» **Work to complete**: Starting at the line with "Vous pouvez choisir" in it, reproduce each line below through the last one, exactly, and include nothing else.

Start of Data section

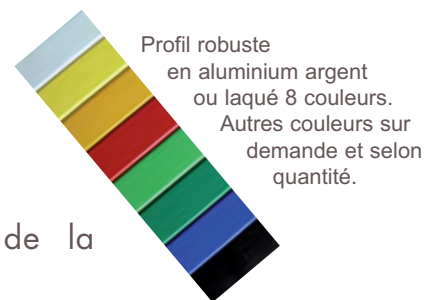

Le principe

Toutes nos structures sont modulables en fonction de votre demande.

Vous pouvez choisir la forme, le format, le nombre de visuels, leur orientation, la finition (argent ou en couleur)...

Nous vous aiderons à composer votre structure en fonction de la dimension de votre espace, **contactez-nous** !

End of Data section

» **Answer area**:
Vous pouvez choisir la forme, le format, le nombre de visuels, leur orientation, la finition (argent ou en couleur)...

Nous vous aiderons à composer votre structure en fonction de la dimension de votre espace, **contactez-nous** !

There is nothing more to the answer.